## Exercise brief
Write out the data below exactly as given, without any of its pictures.

Records contained in a dataset

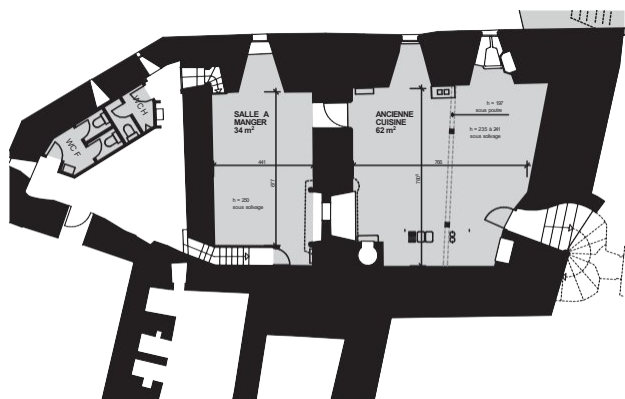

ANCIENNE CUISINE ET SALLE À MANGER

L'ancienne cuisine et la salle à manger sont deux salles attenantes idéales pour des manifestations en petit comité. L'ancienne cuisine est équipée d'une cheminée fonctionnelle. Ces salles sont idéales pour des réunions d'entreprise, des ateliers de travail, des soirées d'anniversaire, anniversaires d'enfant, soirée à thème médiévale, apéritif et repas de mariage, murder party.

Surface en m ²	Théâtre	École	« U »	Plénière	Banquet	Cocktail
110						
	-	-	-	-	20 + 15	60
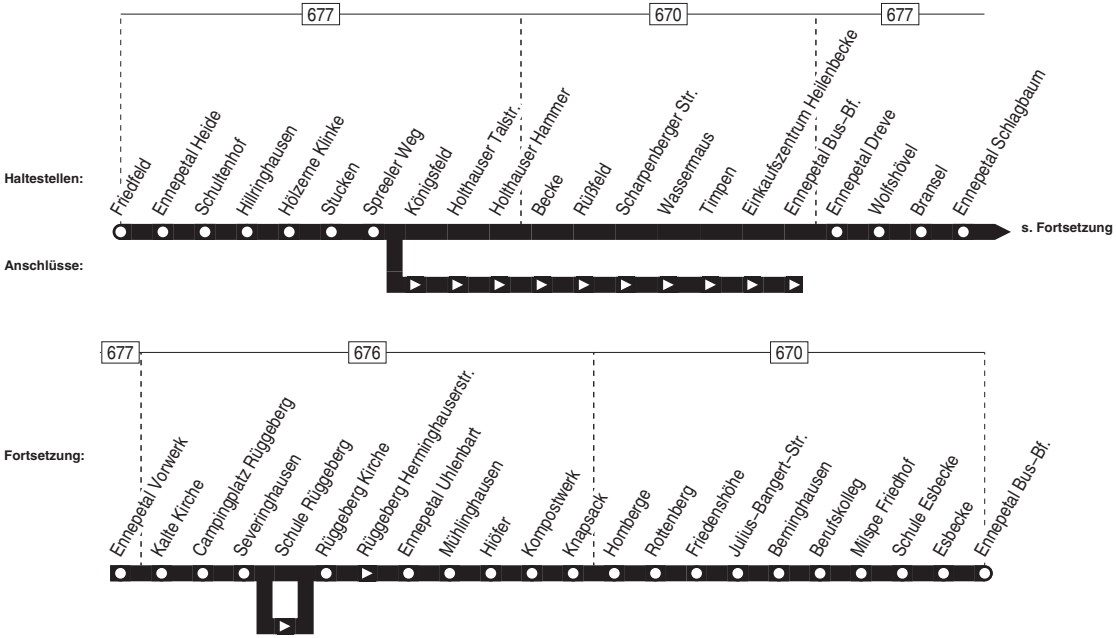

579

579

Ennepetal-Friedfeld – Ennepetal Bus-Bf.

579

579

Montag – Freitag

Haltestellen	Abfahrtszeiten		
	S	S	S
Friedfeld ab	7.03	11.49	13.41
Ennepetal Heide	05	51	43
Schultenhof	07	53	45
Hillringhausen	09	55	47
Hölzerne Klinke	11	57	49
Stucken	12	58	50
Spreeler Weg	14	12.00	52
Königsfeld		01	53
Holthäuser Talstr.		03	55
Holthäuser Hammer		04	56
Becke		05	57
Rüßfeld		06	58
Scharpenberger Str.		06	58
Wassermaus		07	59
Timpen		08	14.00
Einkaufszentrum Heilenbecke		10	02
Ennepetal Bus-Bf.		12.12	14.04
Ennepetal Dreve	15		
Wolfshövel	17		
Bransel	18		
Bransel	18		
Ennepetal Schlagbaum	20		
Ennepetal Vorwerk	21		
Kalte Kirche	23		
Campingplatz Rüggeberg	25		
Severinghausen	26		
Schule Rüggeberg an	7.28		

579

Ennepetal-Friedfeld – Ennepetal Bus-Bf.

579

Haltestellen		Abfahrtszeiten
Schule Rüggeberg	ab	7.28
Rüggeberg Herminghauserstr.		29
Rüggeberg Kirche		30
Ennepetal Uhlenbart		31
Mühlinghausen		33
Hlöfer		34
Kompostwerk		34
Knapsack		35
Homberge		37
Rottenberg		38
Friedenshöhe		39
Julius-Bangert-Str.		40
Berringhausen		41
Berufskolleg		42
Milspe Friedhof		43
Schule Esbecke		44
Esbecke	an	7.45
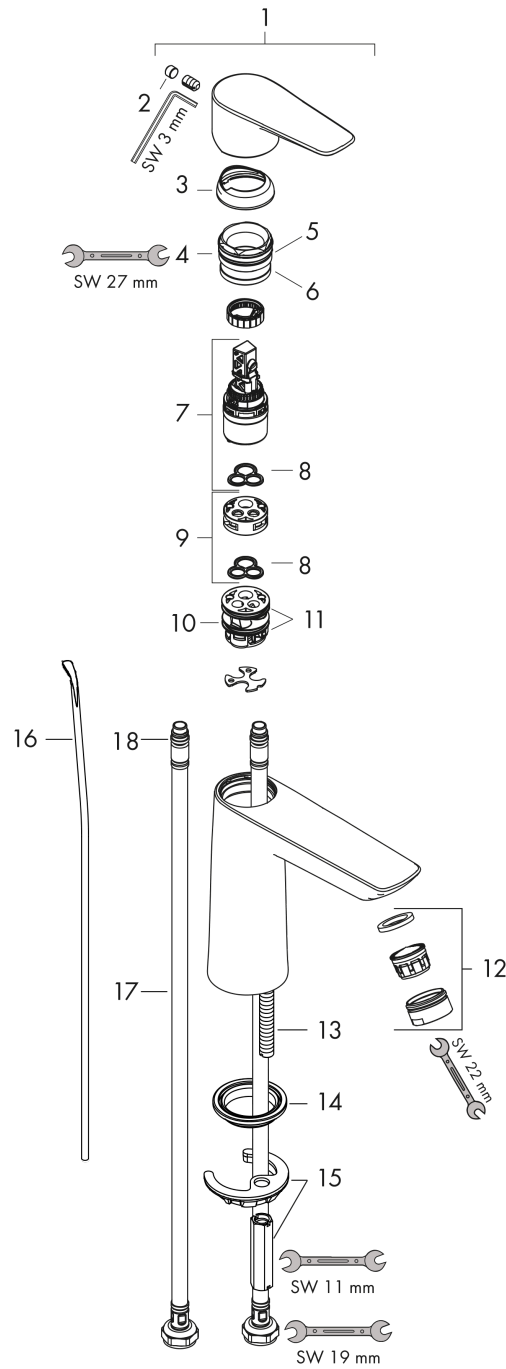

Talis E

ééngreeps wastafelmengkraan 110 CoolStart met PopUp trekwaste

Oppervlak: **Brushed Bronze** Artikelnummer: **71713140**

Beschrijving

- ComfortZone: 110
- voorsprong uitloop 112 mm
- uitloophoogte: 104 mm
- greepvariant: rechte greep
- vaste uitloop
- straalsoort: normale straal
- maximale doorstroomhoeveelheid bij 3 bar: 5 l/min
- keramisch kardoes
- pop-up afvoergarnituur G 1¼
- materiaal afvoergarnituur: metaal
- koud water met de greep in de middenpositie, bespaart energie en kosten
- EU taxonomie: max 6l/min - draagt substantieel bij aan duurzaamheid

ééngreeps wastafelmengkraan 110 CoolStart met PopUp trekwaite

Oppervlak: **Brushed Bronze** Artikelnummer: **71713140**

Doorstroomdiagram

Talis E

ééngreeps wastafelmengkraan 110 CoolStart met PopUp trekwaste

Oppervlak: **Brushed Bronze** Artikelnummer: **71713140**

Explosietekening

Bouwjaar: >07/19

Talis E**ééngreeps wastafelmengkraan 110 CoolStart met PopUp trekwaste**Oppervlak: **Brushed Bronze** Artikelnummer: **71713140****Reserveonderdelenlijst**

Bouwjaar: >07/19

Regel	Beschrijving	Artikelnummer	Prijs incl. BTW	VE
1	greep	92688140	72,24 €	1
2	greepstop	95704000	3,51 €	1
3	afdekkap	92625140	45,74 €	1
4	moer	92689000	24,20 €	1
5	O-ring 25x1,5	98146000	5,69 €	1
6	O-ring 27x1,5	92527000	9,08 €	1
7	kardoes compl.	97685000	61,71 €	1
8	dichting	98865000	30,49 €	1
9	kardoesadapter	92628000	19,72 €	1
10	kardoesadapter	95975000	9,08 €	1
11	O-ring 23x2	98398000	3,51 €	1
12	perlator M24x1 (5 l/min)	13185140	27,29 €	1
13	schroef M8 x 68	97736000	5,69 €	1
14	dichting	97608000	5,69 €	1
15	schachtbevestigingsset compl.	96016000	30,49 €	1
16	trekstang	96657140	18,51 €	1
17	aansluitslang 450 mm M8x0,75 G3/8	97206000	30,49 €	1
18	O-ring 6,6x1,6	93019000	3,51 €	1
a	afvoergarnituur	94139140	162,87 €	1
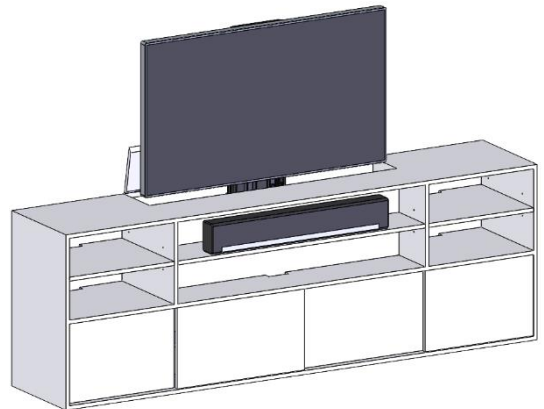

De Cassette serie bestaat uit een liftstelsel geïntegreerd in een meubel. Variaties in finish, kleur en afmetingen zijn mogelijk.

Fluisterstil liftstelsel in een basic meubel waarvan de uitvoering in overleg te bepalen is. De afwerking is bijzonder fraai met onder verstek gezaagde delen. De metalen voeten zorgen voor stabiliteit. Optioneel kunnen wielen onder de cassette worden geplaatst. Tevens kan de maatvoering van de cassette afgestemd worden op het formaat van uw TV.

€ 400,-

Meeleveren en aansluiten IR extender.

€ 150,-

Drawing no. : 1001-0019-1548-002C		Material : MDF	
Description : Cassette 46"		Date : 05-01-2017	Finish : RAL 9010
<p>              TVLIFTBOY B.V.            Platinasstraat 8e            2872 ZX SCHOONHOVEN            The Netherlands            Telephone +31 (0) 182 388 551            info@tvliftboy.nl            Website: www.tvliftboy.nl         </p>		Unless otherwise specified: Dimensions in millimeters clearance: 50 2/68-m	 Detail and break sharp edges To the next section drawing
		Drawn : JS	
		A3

## Solution to this problem
ANCIENNE CUISINE ET SALLE À MANGER

L'ancienne cuisine et la salle à manger sont deux salles attenantes idéales pour des manifestations en petit comité. L'ancienne cuisine est équipée d'une cheminée fonctionnelle. Ces salles sont idéales pour des réunions d'entreprise, des ateliers de travail, des soirées d'anniversaire, anniversaires d'enfant, soirée à thème médiévale, apéritif et repas de mariage, murder party.

Surface en m ²	Théâtre	École	« U »	Plénière	Banquet	Cocktail
110						
	-	-	-	-	20 + 15	60

579

579

Ennepetal-Friedfeld – Ennepetal Bus-Bf.

579

579

Montag – Freitag

Haltestellen	Abfahrtszeiten		
	S	S	S
Friedfeld ab	7.03	11.49	13.41
Ennepetal Heide	05	51	43
Schultenhof	07	53	45
Hillringhausen	09	55	47
Hölzerne Klinke	11	57	49
Stucken	12	58	50
Spreeler Weg	14	12.00	52
Königsfeld		01	53
Holthäuser Talstr.		03	55
Holthäuser Hammer		04	56
Becke		05	57
Rüßfeld		06	58
Scharpenberger Str.		06	58
Wassermaus		07	59
Timpen		08	14.00
Einkaufszentrum Heilenbecke		10	02
Ennepetal Bus-Bf.		12.12	14.04
Ennepetal Dreve	15		
Wolfshövel	17		
Bransel	18		
Bransel	18		
Ennepetal Schlagbaum	20		
Ennepetal Vorwerk	21		
Kalte Kirche	23		
Campingplatz Rüggeberg	25		
Severinghausen	26		
Schule Rüggeberg an	7.28		

579

Ennepetal-Friedfeld – Ennepetal Bus-Bf.

579

Haltestellen		Abfahrtszeiten
Schule Rüggeberg	ab	7.28
Rüggeberg Herminghauserstr.		29
Rüggeberg Kirche		30
Ennepetal Uhlenbart		31
Mühlinghausen		33
Hlöfer		34
Kompostwerk		34
Knapsack		35
Homberge		37
Rottenberg		38
Friedenshöhe		39
Julius-Bangert-Str.		40
Berringhausen		41
Berufskolleg		42
Milspe Friedhof		43
Schule Esbecke		44
Esbecke	an	7.45

Talis E

ééngreeps wastafelmengkraan 110 CoolStart met PopUp trekwaste

Oppervlak: **Brushed Bronze** Artikelnummer: **71713140**

Beschrijving

- ComfortZone: 110
- voorsprong uitloop 112 mm
- uitloophoogte: 104 mm
- greepvariant: rechte greep
- vaste uitloop
- straalsoort: normale straal
- maximale doorstroomhoeveelheid bij 3 bar: 5 l/min
- keramisch kardoes
- pop-up afvoergarnituur G 1¼
- materiaal afvoergarnituur: metaal
- koud water met de greep in de middenpositie, bespaart energie en kosten
- EU taxonomie: max 6l/min - draagt substantieel bij aan duurzaamheid

ééngreeps wastafelmengkraan 110 CoolStart met PopUp trekwaite

Oppervlak: **Brushed Bronze** Artikelnummer: **71713140**

Doorstroomdiagram

Talis E

ééngreeps wastafelmengkraan 110 CoolStart met PopUp trekwaste

Oppervlak: **Brushed Bronze** Artikelnummer: **71713140**

Explosietekening

Bouwjaar: >07/19

Talis E**ééngreeps wastafelmengkraan 110 CoolStart met PopUp trekwaste**Oppervlak: **Brushed Bronze** Artikelnummer: **71713140****Reserveonderdelenlijst**

Bouwjaar: >07/19

Regel	Beschrijving	Artikelnummer	Prijs incl. BTW	VE
1	greep	92688140	72,24 €	1
2	greepstop	95704000	3,51 €	1
3	afdekkap	92625140	45,74 €	1
4	moer	92689000	24,20 €	1
5	O-ring 25x1,5	98146000	5,69 €	1
6	O-ring 27x1,5	92527000	9,08 €	1
7	kardoes compl.	97685000	61,71 €	1
8	dichting	98865000	30,49 €	1
9	kardoesadapter	92628000	19,72 €	1
10	kardoesadapter	95975000	9,08 €	1
11	O-ring 23x2	98398000	3,51 €	1
12	perlator M24x1 (5 l/min)	13185140	27,29 €	1
13	schroef M8 x 68	97736000	5,69 €	1
14	dichting	97608000	5,69 €	1
15	schachtbevestigingsset compl.	96016000	30,49 €	1
16	trekstang	96657140	18,51 €	1
17	aansluitslang 450 mm M8x0,75 G3/8	97206000	30,49 €	1
18	O-ring 6,6x1,6	93019000	3,51 €	1
a	afvoergarnituur	94139140	162,87 €	1

De Cassette serie bestaat uit een liftstelsel geïntegreerd in een meubel. Variaties in finish, kleur en afmetingen zijn mogelijk.

Fluisterstil liftstelsel in een basic meubel waarvan de uitvoering in overleg te bepalen is. De afwerking is bijzonder fraai met onder verstek gezaagde delen. De metalen voeten zorgen voor stabiliteit. Optioneel kunnen wielen onder de cassette worden geplaatst. Tevens kan de maatvoering van de cassette afgestemd worden op het formaat van uw TV.

€ 400,-

Meeleveren en aansluiten IR extender.

€ 150,-

Drawing no. : 1001-0019-1548-002C		Material : MDF	
Description : Cassette 46"		Date : 05-01-2017	Finish : RAL 9010
<p>              TVLIFTBOY B.V.            Platinasstraat 8e            2872 ZX SCHOONHOVEN            The Netherlands            Telephone +31 (0) 182 388 551            info@tvliftboy.nl            Website: www.tvliftboy.nl         </p>		Unless otherwise specified: Dimensions in millimeters clearance: 50 2/68-m	 Detail and break sharp edges To the next section drawing
		Drawn : JS	
		A3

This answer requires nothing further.